PROBLEM REQUIREMENTS:
Apart from the pictures, every part of the records below gets retyped exactly.
☆ ☆ ☆
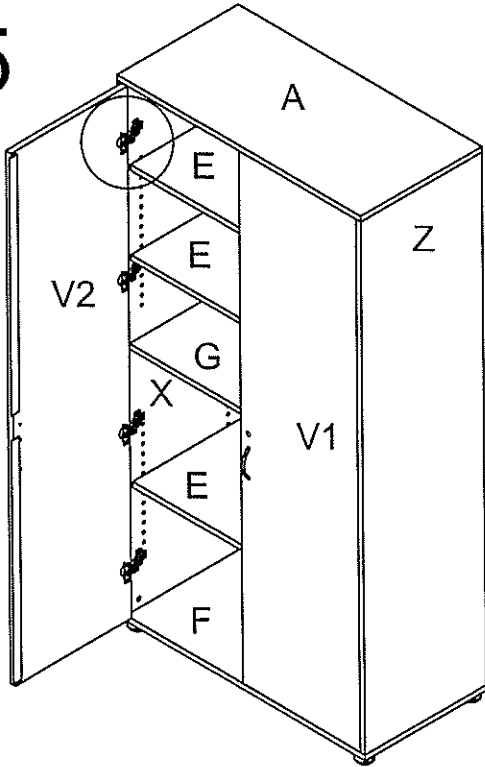

ASSEMBLY INSTRUCTIONS

pin 1 25PCS	6x38 2	CAM 25PCS
Cam Cover 3 25PCS	Bolt Minifix 4 12PCS	
Hinge Mount Plate 5 8PCS	Handle 6 2PCS	
Screw 7 4PCS	Screw 8 32PCS	
Screw 9 4PCS	CUSHION 10 4PCS	
LOCK 11 1PCS	Screw 12 4PCS	
Screw 13 2PCS		

3

4

5

6

- 1: LOOSEN (B) SCREWS
- 2: ADJUST DOOR VERTICAL
- 3: TIGHTEN (B) SCREWS AGAIN

- 1: LOOSEN SCREW (A)
- 2: ADJUST DOOR IN DEPTH
- 3: TIGHTEN SCREW (A) AGAIN

- 1: LOOSEN SCREW (C)
- 2: ADJUST DOOR SIDEWAYS WITH SCREW (C)
- 3: TIGHTEN SCREW (C) AGAIN
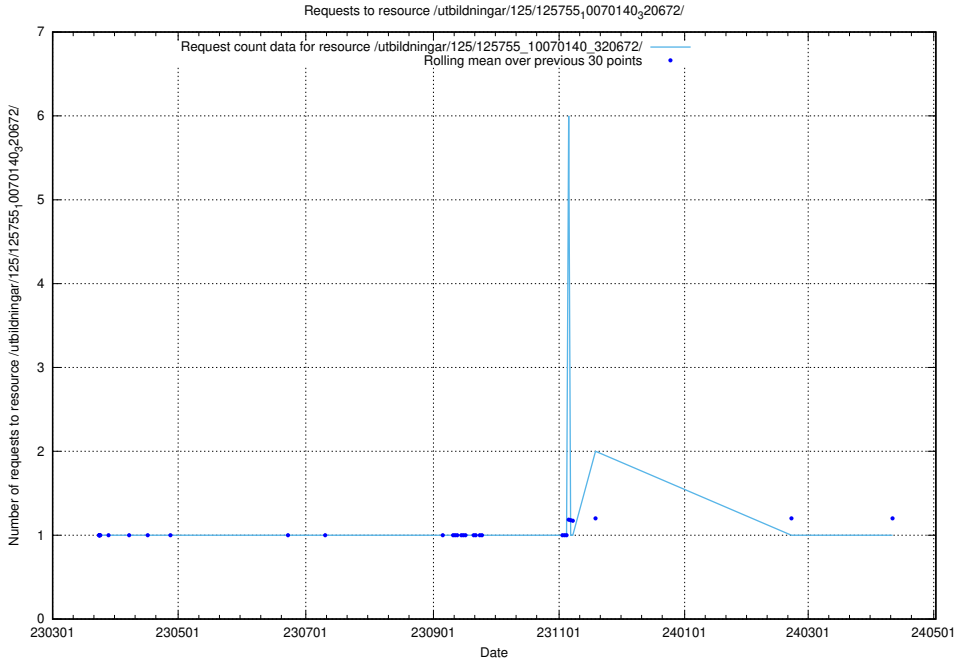

5.6745 Usage of /utbildningar/125/125755_10070140_320672/

Here, we count the number of requests to resource /utbildningar/125/125755_10070140_320672/.
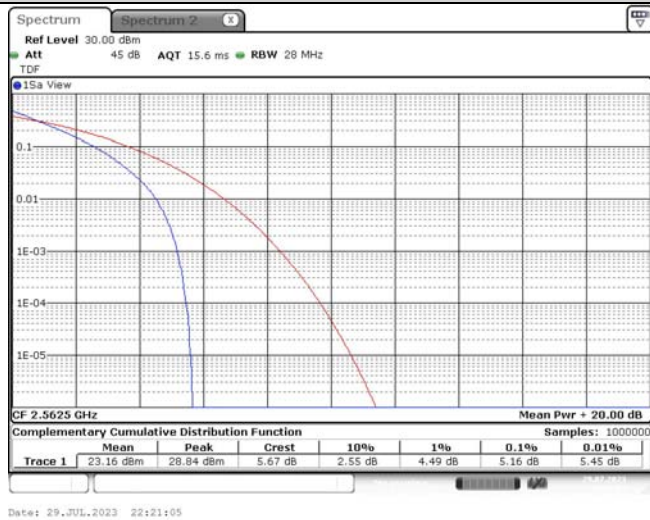

Band7-15MHz-QPSK-21375-75RB#0

Band7-15MHz-16QAM-20825-1RB#0
☆ ☆ ☆
ANSWER SECTION:
ASSEMBLY INSTRUCTIONS

pin 1 25PCS	6x38 2	CAM 25PCS
Cam Cover 3 25PCS	Bolt Minifix 4 12PCS	
Hinge Mount Plate 5 8PCS	Handle 6 2PCS	
Screw 7 4PCS	Screw 8 32PCS	
Screw 9 4PCS	CUSHION 10 4PCS	
LOCK 11 1PCS	Screw 12 4PCS	
Screw 13 2PCS		

3

4

5

6

- 1: LOOSEN (B) SCREWS
- 2: ADJUST DOOR VERTICAL
- 3: TIGHTEN (B) SCREWS AGAIN

- 1: LOOSEN SCREW (A)
- 2: ADJUST DOOR IN DEPTH
- 3: TIGHTEN SCREW (A) AGAIN

- 1: LOOSEN SCREW (C)
- 2: ADJUST DOOR SIDEWAYS WITH SCREW (C)
- 3: TIGHTEN SCREW (C) AGAIN

5.6745 Usage of /utbildningar/125/125755_10070140_320672/

Here, we count the number of requests to resource /utbildningar/125/125755_10070140_320672/.

Band7-15MHz-QPSK-21375-75RB#0

Band7-15MHz-16QAM-20825-1RB#0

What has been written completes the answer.